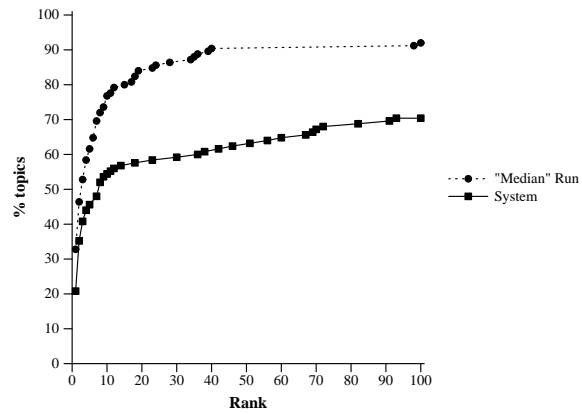

Enterprise Track results, email known-item search task — LowLands Team

LMplaintext	
Number of Topics	125
Mean reciprocal rank	0.326
Topics with target at rank 1	26
Topics with target in top 10	68
Topics with no target found	37

Cumulative % of topics finding first relevant at rank X
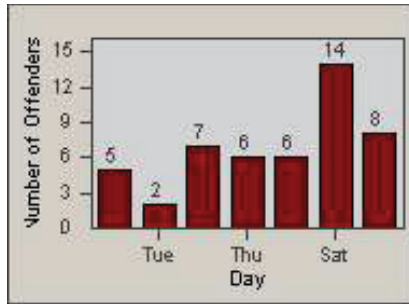

CONTRACT: Santa Clarita LOCATION: SCL-MMMB-01 McBean Pkwy / Magic Mtn Pkwy
 DATE FROM: 01-Jul-2011 DATE TO: 30-Sep-2011

LANE 4

LANE TOTAL

Redflex Redlight Offender Statistics

CONTRACT: Santa Clarita LOCATION: SCL-NRBC-01 Bouquet Canyon Road
 DATE FROM: 01-Jul-2011 DATE TO: 30-Sep-2011

LANE 1

LANE 2

LANE 3

Redflex Redlight Offender Statistics

CONTRACT: Santa Clarita LOCATION: SCL-NRBC-01 Bouquet Canyon Road
 DATE FROM: 01-Jul-2011 DATE TO: 30-Sep-2011

LANE 4

LANE TOTAL

Redflex Redlight Offender Statistics
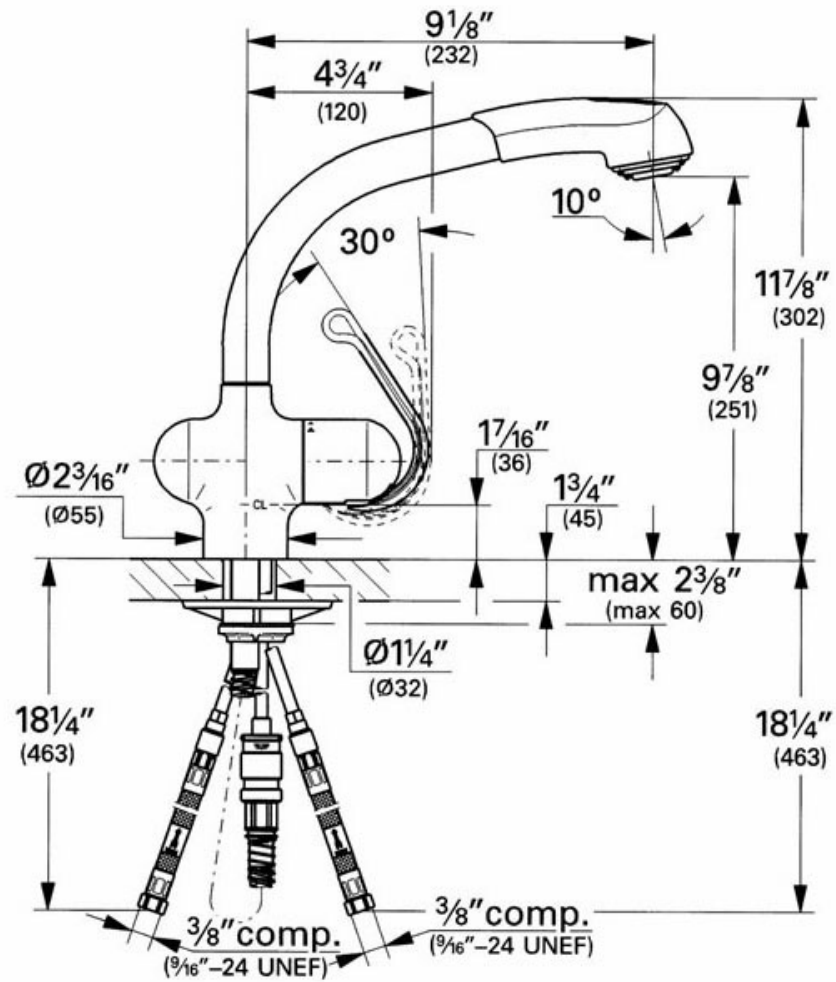

Ladylux Plus Stainless Steel pull-out spray, 33 759 - Kitchen/Bar/Basin Tap

[Print](#) Page 2

Dimensional Drawing

GROHE AMERICA, INC * 241 COVINGTON DRIVE, BLOOMINGDALE, IL 60108 * 630-582-7711 * FAX: 630-582-7722
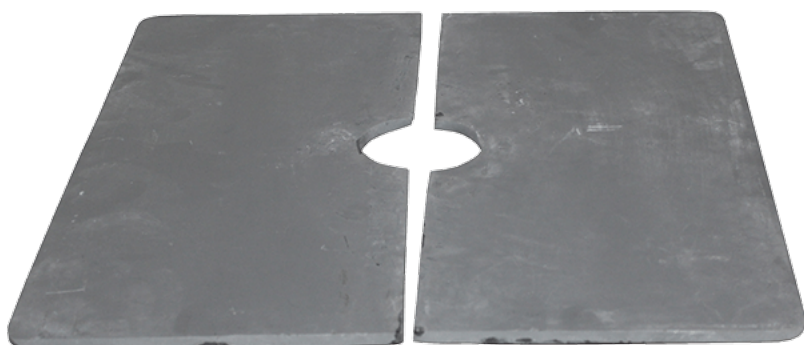

GREEN4EVER.SHOP

Green4Ever

Rotermanni 6

10111 Tallinn

Estonia

+372 880 1511

service@green4ever.shop

1 BAQ TIMELESS LARGO, INSERT PLATE (2 PARTS)
SQUARE (↔19.5 ↑1)

90,25 zł incl. VAT

More Information

| | |
|---------------------|-----------|
| SKU | 6TIMAL001 |
| Weight | 1.500000 |
| Brand | Baq |
| Serie | TIMELESS |
| Length in cm | 39 |
| Width in cm | 19.5 |
| Height in cm | 1 |
| Waterproof | Yes |
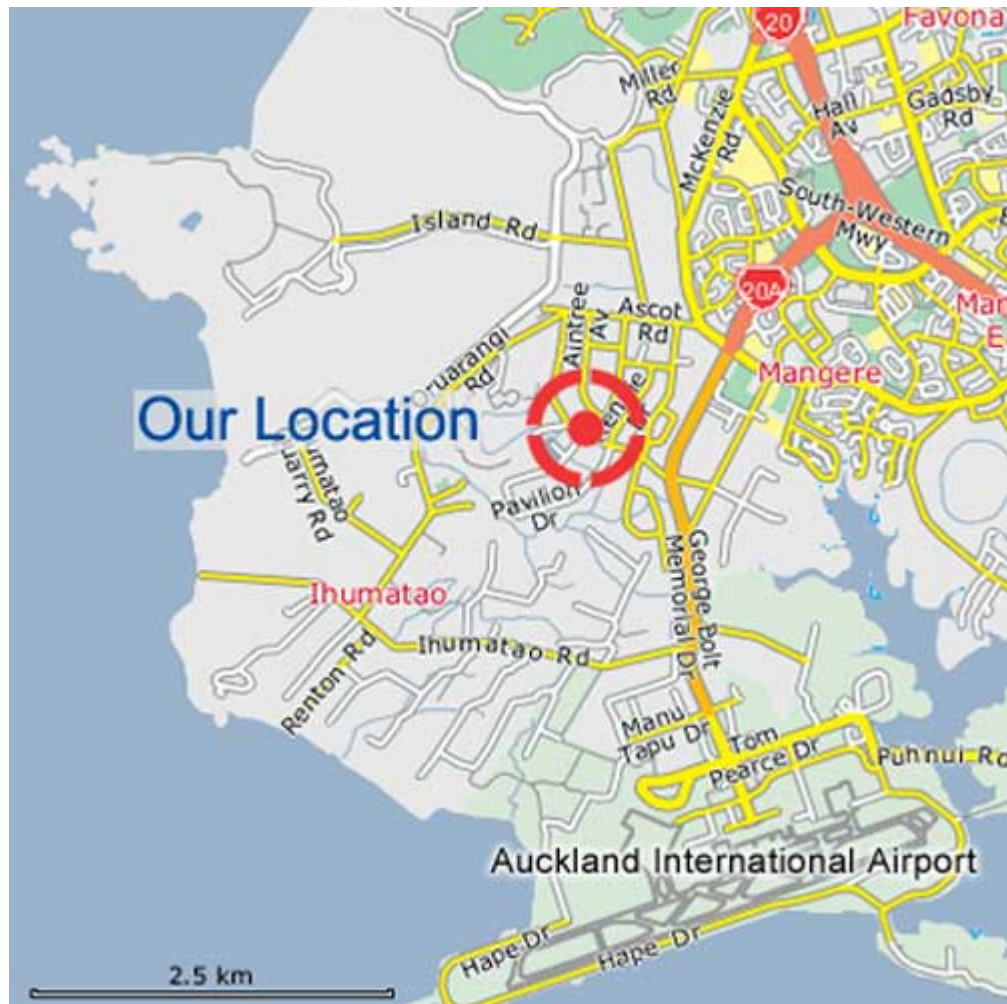

SUTTON GROUP

56-58 Aintree Ave, Airport Oaks, Auckland - Phone + 64 9 257 1572

SUTTON GROUP

56-58 Aintree Ave, Airport Oaks, Auckland - Phone + 64 9 257 1572

SUTTON GROUP

56-58 Aintree Ave, Airport Oaks, Auckland - Phone + 64 9 257 1572
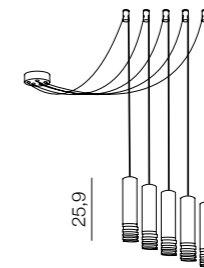

Locus L pendant 5

- 1 AZ3406 (white)
- 2 AZ3405 (black)
- 3 AZ3407 (champagne)

GU10 5x Max 35W only LED metal/aluminium

☆ ☆ ☆ ☆ ☆ ☆ ☆

#### Exercise requirements
Exclude the images and output the lines above exactly.

#### Answer
Enterprise Track results, email known-item search task — LowLands Team

LMplaintext	
Number of Topics	125
Mean reciprocal rank	0.326
Topics with target at rank 1	26
Topics with target in top 10	68
Topics with no target found	37

Cumulative % of topics finding first relevant at rank X

CONTRACT: Santa Clarita LOCATION: SCL-MMMB-01 McBean Pkwy / Magic Mtn Pkwy
 DATE FROM: 01-Jul-2011 DATE TO: 30-Sep-2011

LANE 4

LANE TOTAL

Redflex Redlight Offender Statistics

CONTRACT: Santa Clarita LOCATION: SCL-NRBC-01 Bouquet Canyon Road
 DATE FROM: 01-Jul-2011 DATE TO: 30-Sep-2011

LANE 1

LANE 2

LANE 3

Redflex Redlight Offender Statistics

CONTRACT: Santa Clarita LOCATION: SCL-NRBC-01 Bouquet Canyon Road
 DATE FROM: 01-Jul-2011 DATE TO: 30-Sep-2011

LANE 4

LANE TOTAL

Redflex Redlight Offender Statistics

Ladylux Plus Stainless Steel pull-out spray, 33 759 - Kitchen/Bar/Basin Tap

[Print](#) Page 2

Dimensional Drawing

GROHE AMERICA, INC * 241 COVINGTON DRIVE, BLOOMINGDALE, IL 60108 * 630-582-7711 * FAX: 630-582-7722

GREEN4EVER.SHOP

Green4Ever

Rotermanni 6

10111 Tallinn

Estonia

+372 880 1511

service@green4ever.shop

1 BAQ TIMELESS LARGO, INSERT PLATE (2 PARTS)
SQUARE (↔19.5 ↑1)

90,25 zł incl. VAT

More Information

| | |
|---------------------|-----------|
| SKU | 6TIMAL001 |
| Weight | 1.500000 |
| Brand | Baq |
| Serie | TIMELESS |
| Length in cm | 39 |
| Width in cm | 19.5 |
| Height in cm | 1 |
| Waterproof | Yes |

SUTTON GROUP

56-58 Aintree Ave, Airport Oaks, Auckland - Phone + 64 9 257 1572

SUTTON GROUP

56-58 Aintree Ave, Airport Oaks, Auckland - Phone + 64 9 257 1572

SUTTON GROUP

56-58 Aintree Ave, Airport Oaks, Auckland - Phone + 64 9 257 1572

Locus L pendant 5

- 1 AZ3406 (white)
- 2 AZ3405 (black)
- 3 AZ3407 (champagne)

GU10 5x Max 35W only LED metal/aluminium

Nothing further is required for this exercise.